ECB holds off on intervention as bonds breach 6.55%

The market price of 10-year Irish government debt reaches another record – but there’s no European intercession.

HAVING HAD THE NIGHT to sleep on the likelihood of an Irish government default, it seems the world’s investors have not woken up with an optimistic assessment of the country’s finances.

The price demanded by the market for government borrowing has today hit another all-time record high, with the market yield just after 11am standing at 6.552% – higher than ever before.
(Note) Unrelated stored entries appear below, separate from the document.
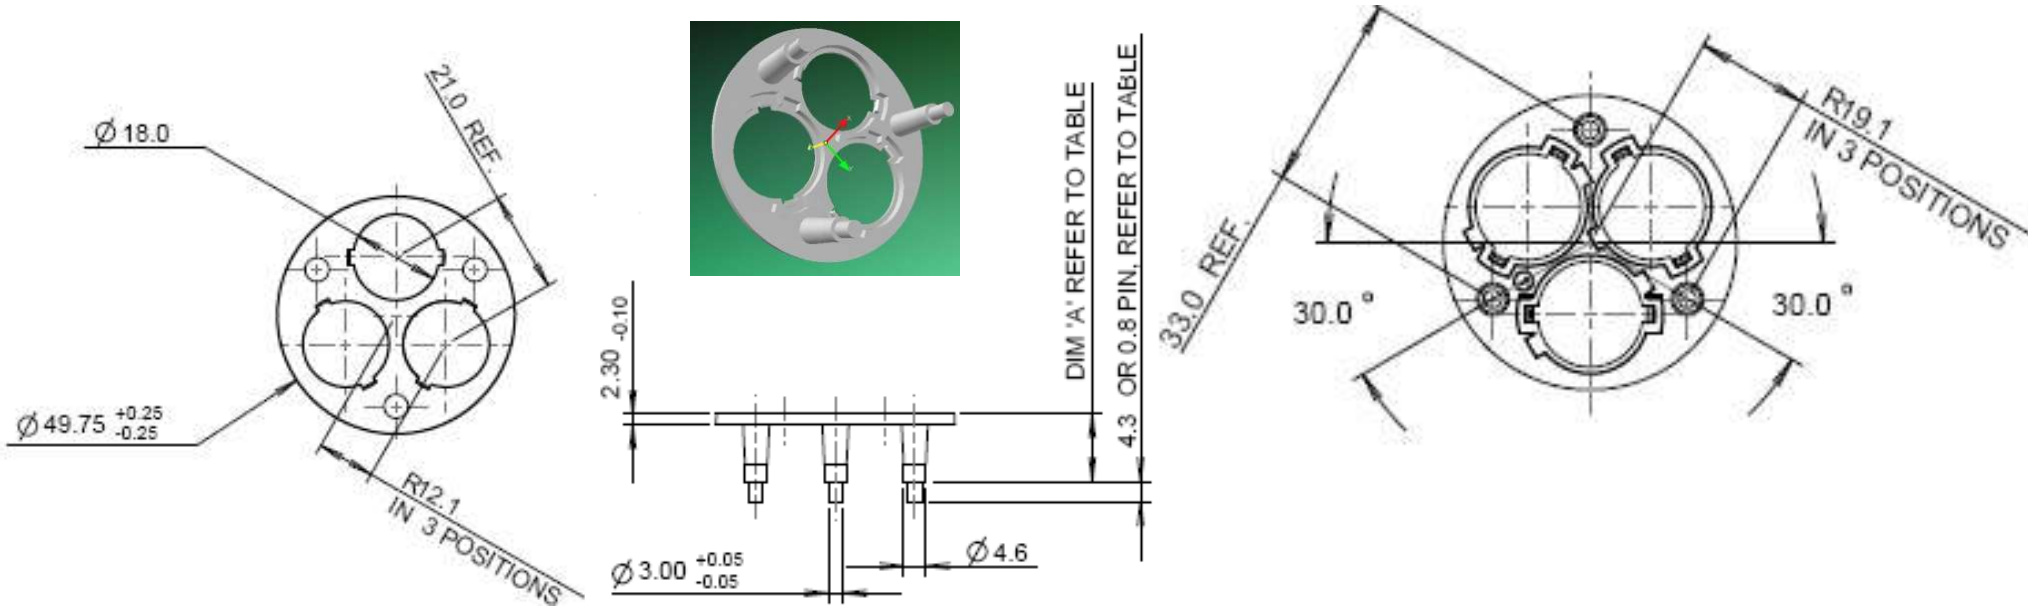

Tripler Optic holder 50mm MR16 replacement

LED Manufacturer And Type	Optic Range 20mm	Triple Holder Height Dim A	Part Numbers			
			White 4.3mm Long Pin	White 0.8mm Short Pin	Black 4.3mm Long Pin	Black 0.8mm Short Pin
Luxeon 1/3/5W	Standard	14.0	10270	10280	10290	10300
Luxeon K2	Standard	13.6	10272	10282	10292	10302
Luxeon Rebel	0.8mm Offset	12.2	10279	10289	10299	10309
Cree XR series	1.4mm Offset	12.8	10276	10286	10296	10306
Osram Dragon	0.8mm Offset	12.8	10276	10286	10296	10306
Seoul Semi P4	Standard	13.4	10273	10283	10293	10303

Carclo Technical Plastics (Slough)

04 April 2008

111 Buckingham Avenue, Slough, Berkshire SL1 4PF ENGLAND. Web: www.carclo-optics.com

e-mail: sales@carclo-optics.com Tel: 0044 (0) 1753 575011 Fax: 0044 (0) 1753 811359
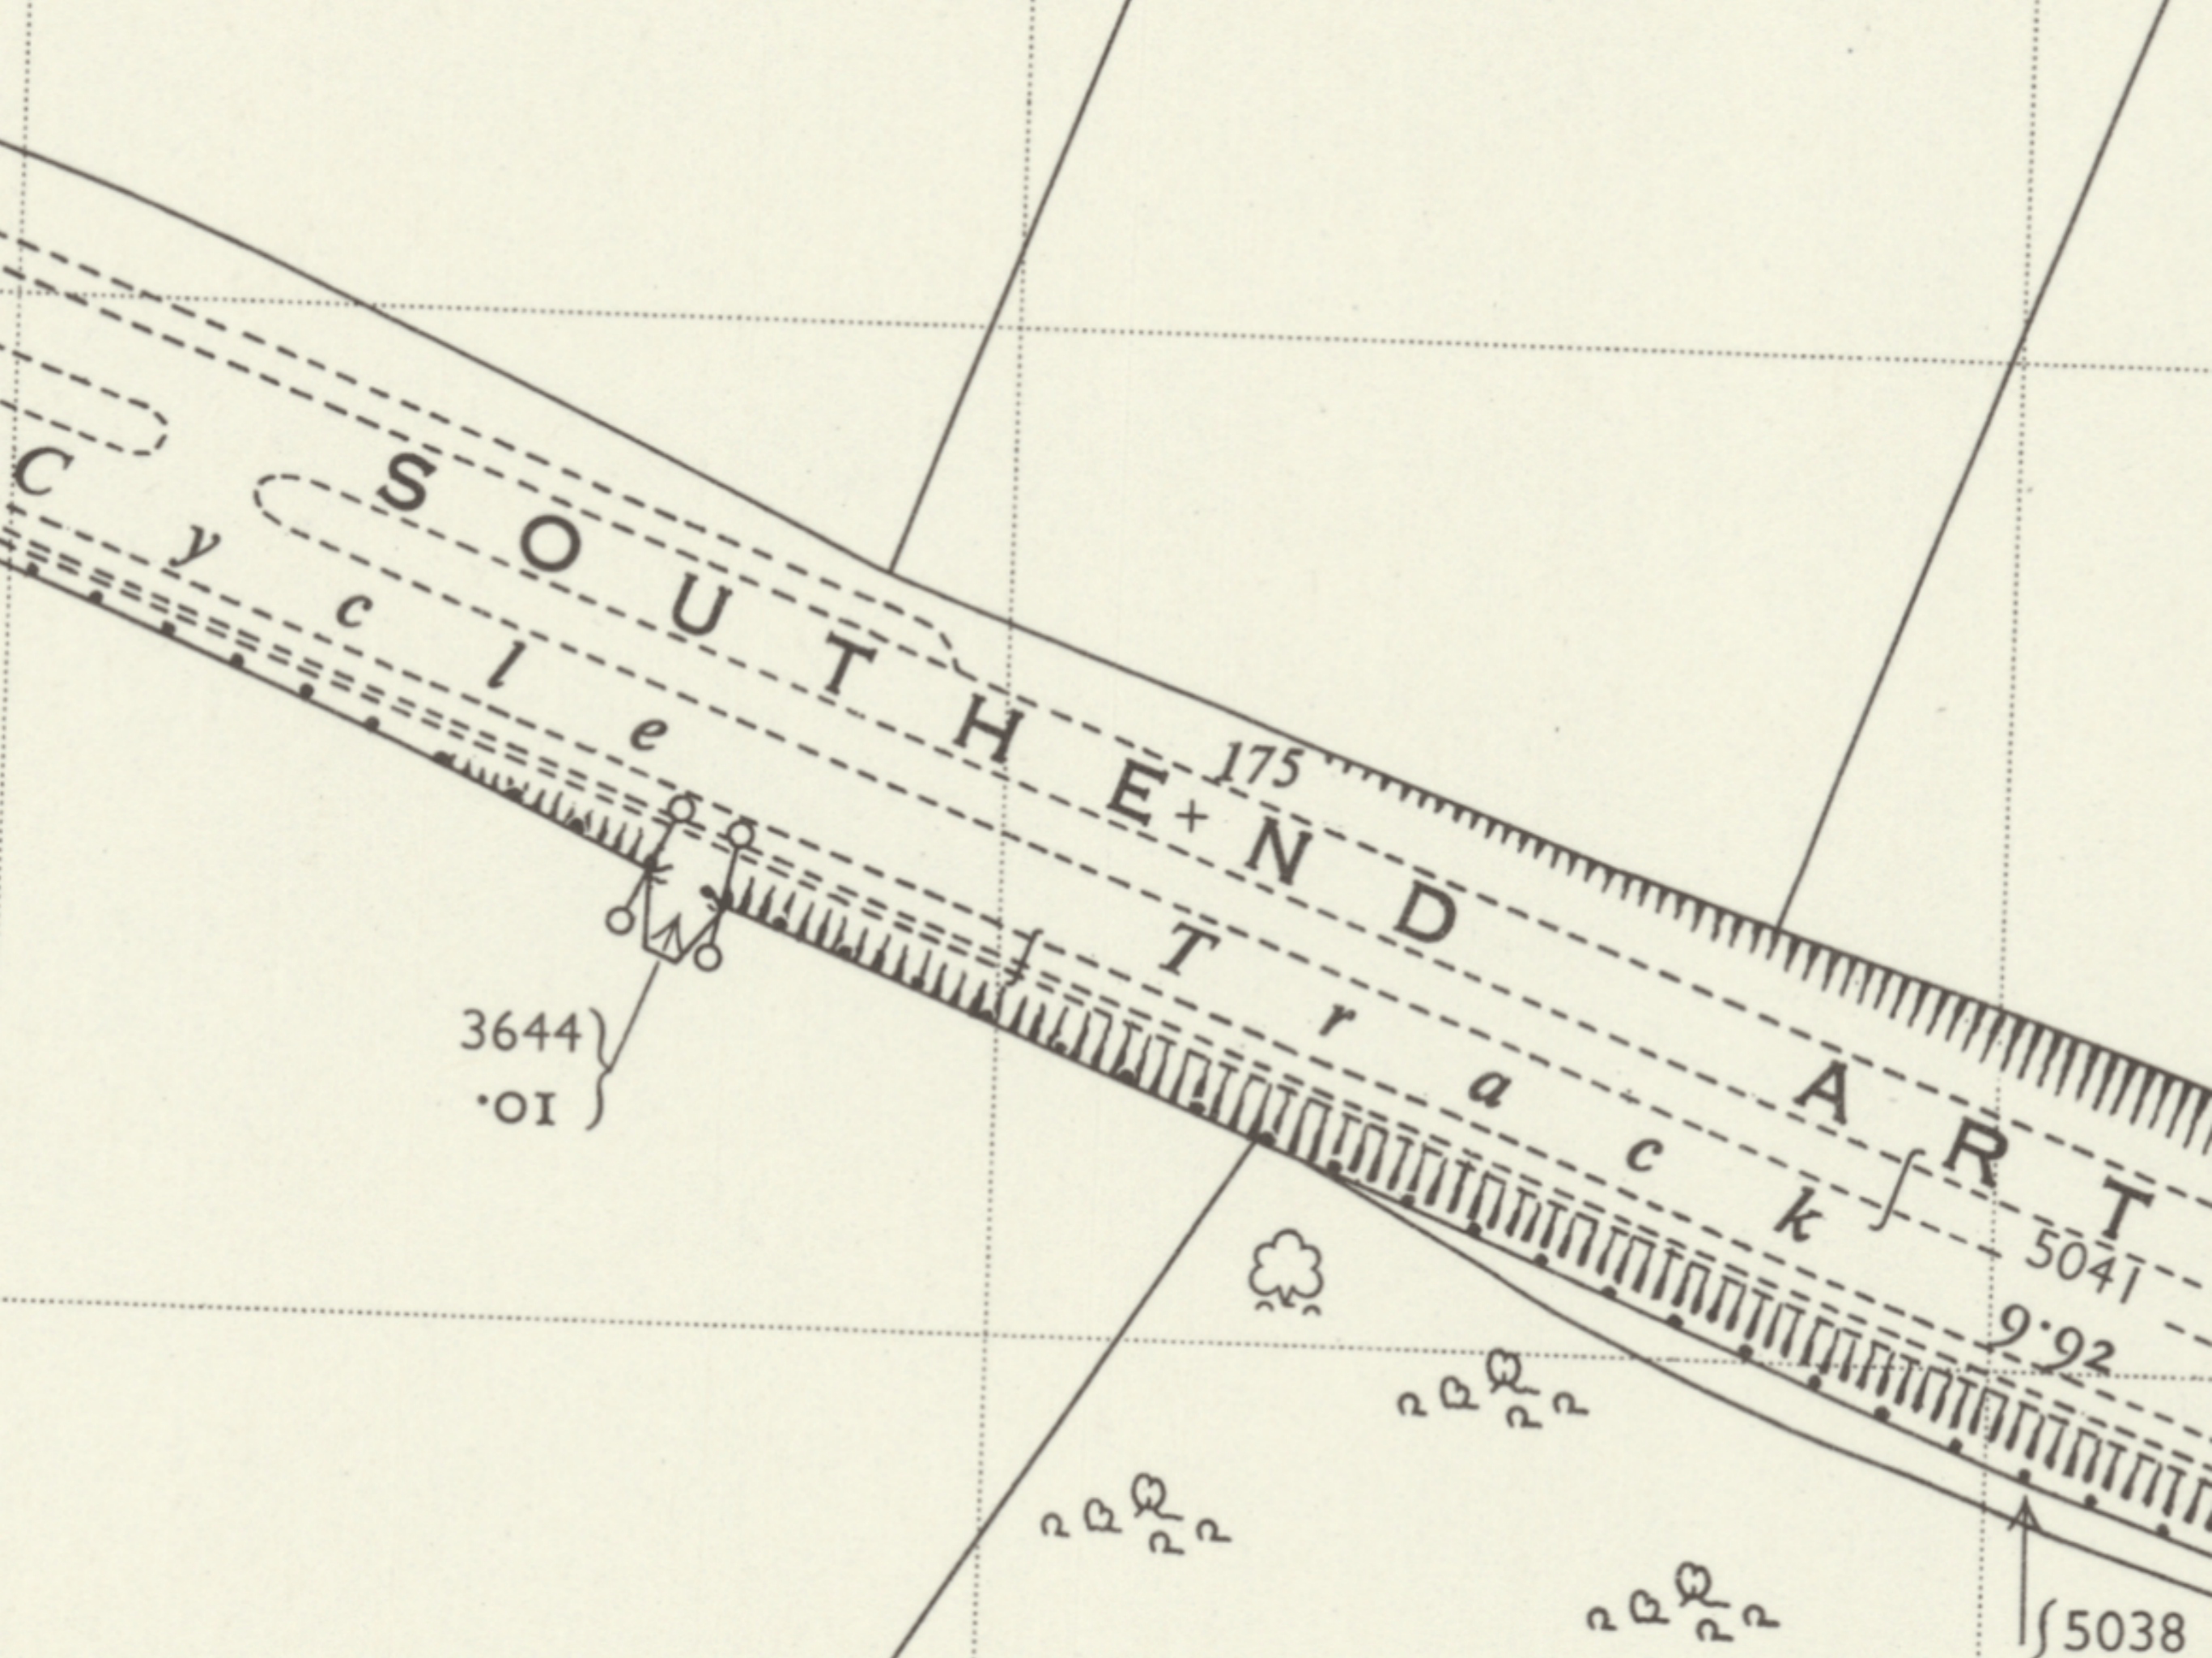

20.00 km

Measure distance ✕

Click on the map to add to your path

Total distance: 24.56 km (15.26 mi)

Cycle Track

A127

A127

Southend Arterial Road

A127

SOUTHEND ARTERIAL ROAD

Southend Arterial Road

Cycle Track

68

Drain

FP

FP

{ 8001
· 32

Drain

Kickstarter campaign is LIVE!
<https://www.kickstarter.com/projects/carltonreid/lets-rescue-britains-145,689-views>
145,689 views
SHARE EDIT

1930s cycleways

- 🚲 Lostock Road, Manchester
- 🚲 Durham Road, Sunderland
- 🚲 Great North Road cycleway, Nevilles Cro...
- 🚲 Southend Arterial Road – Romford to So...
- 🚲 Great West Road cycleway
- 🚲 Western Avenue cycleway
- 🚲 London Road, nr Chelmsford
- 🚲 Colnbrook By-Pass
- 🚲 Swaffham to Dereham, A47, 15 mile cycl...
- 🚲 Bushey Road, Wimbledon
- 🚲 Euxton Lane, Euxton
- 🚲 Kenilworth Road cycle track
- 🚲 A2, Hollywood, Northern Ireland
- 🚲 Crawley by-pass
- 🚲 Northern bypass road, Wolvercote
- 🚲 "Town Planning Road No. 4", Raynesway,...
- 🚲 Treforest, A470
- 🚲 Cymbeline Way, Colchester
- 🚲 Longforgan
- 🚲 Chertsey Road, Twickenham
- 🚲 Woodford Avenue
- 🚲 St. Helier, Morden
- 🚲 Bellsdyke
- 🚲 Chester Road, Erdington

The previous record came on Monday when bonds momentarily touched 6.5% before being hauled back in – led, many thought, by the reaction of the European Central Bank who had apparently decided to intervene once that landmark rate had been reached.

This morning, however, with the new record of Irish bonds also meaning that the spread between Irish and German debt at a new record of 429bps at 11am (just as Portuguese bonds also approached 6.5%, and its spread hit a new record), one trader has told Reuters that there is “no catalyst in the pipeline to bring these spreads in”.

The price of government borrowing – which rises as investors believe that investment in the Irish state is becoming continually more risky – is spiking as the government toys with the idea of allowing Anglo Irish Bank to default on ‘subordinated bonds’, in an effort to minimise the public burden of its bailout.

Confusion about whether it intends to do so has seen the price of Irish debt rise, as investors fear the state could bankrupt itself trying to save Anglo, while the price of Credit Default Swaps (CDS) on Anglo Irish Bank has continued to rise as holders of Anglo bonds also fear their cash could disappear.

The CEO of the National Treasury Management Agency, John Corrigan, has likened the market hysteria over the future of Irish banks as being akin to worries about the Millennium Bug.